All of these answers are red flags to agents.

No more red flags

We’re really asking if they can answer this question: How many words in a novel? These three answers are all red flags.

The first answer, because it’s novella length, not novel length (we’re talking adult fiction, not chapter books) and novellas are hard to sell. Why? Because it’s hard to justify the price point for such a short work, and the spine on such a short printed book would be too slim to accommodate the title.

The second answer, because it’s way too long (the word-count equivalent of two novels, not one) and books that are too long are hard to sell in a 140-character world. Not easy to keep the pacing up over such an extended narrative, and the worry is that the author—especially a debut author—is not up to the challenge. Not to mention expensive to produce, especially in printed form.

The third answer, because it’s a page count, not a word count. And only word counts matter. (It’s hard to fudge word count, and easy to fudge page count.)

Worse, all three of these answers reveal a lack of understanding of the marketplace in which writers are trying to sell stories—the same marketplace where we agents are selling stories.

The 90,000 word count sweet spot

How many words in a novel? Right now, when it comes to novel-length word count, it’s all about 90,000 words. Virtually every book I try to shop by a debut author that’s any longer than that—regardless of category—receives the same response from editors. In short, it’s just too long. “No more than 90,000 words” seems to be the editor’s mantra these days.

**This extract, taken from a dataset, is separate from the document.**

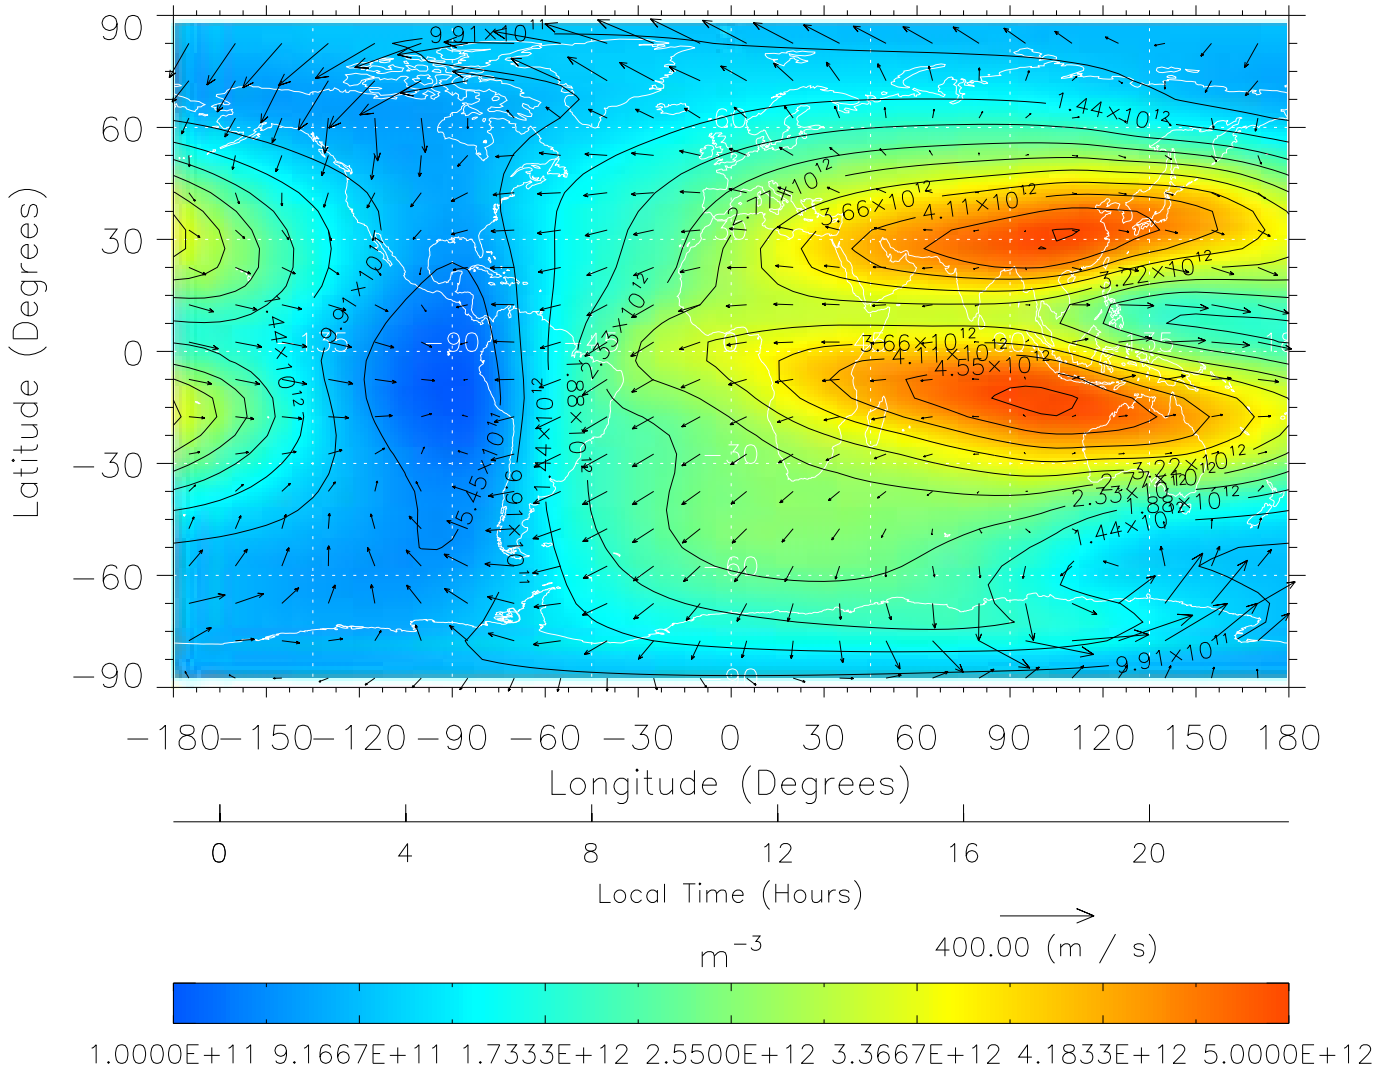

TIME-GCM MAP NmF2 with Neutral Wind vectors
ZP = 2.00 UT = 11.00 DOY = 089

Created: Thu Mar 10 14:10:22 2005

From: /tgcm/histories/secondary/March2001/March2001_v1/089.nc

Given that mantra, I’ve asked several of my clients shorten their stories—and am happy to say that we’ve won contracts when I shopped the shortened versions, often to the same editors who complained about the length of the original stories.

Paula’s how-to-cut formula

How to reach that 90,000-word sweet spot? Here’s a trick I came up with that’s proven useful for my clients and that may work for you as well. It’s a how-to-cut formula—because most debut fiction is too long, rather than too short. (Note: If your story is too short, that’s another blog post. Much harder to add than to cut—and a much rarer problem.)

Here’s how 90,000 words (which is 360 pages at 250 words per page) breaks down by act:

  • Act One: 90 pages (22,500 words)
  • Act Two: 180 pages (45,000 words)
  • Act Three: 90 pages (22,500 words)

With that in mind:

Write out your basic storyline in Major Plot Points only: Inciting Incident, Plot Point 1, Mid-Point, Plot Point 2, Denouement.

For more information on plot points, take a look at my book Plot Perfect.

Now, using the word counts by act as a general guideline, cut anything you can cut to the word counts outlined above. Anything that does not get you from plot point to plot point MUST GO. If you’re stumped, start by axing backstory, navel gazing, info dumps, etc.

Pitch the perfect word count

This 90,000-word guideline for how many words in a novel is just that, a guideline. Each genre (and sub-genre) has its own word count range; cozies tend to be shorter than other kinds of crime fiction, for example.

Do check your comparable titles—recent debuts only—to make sure your story falls in that range.

And I’ll see you at the next pitch session!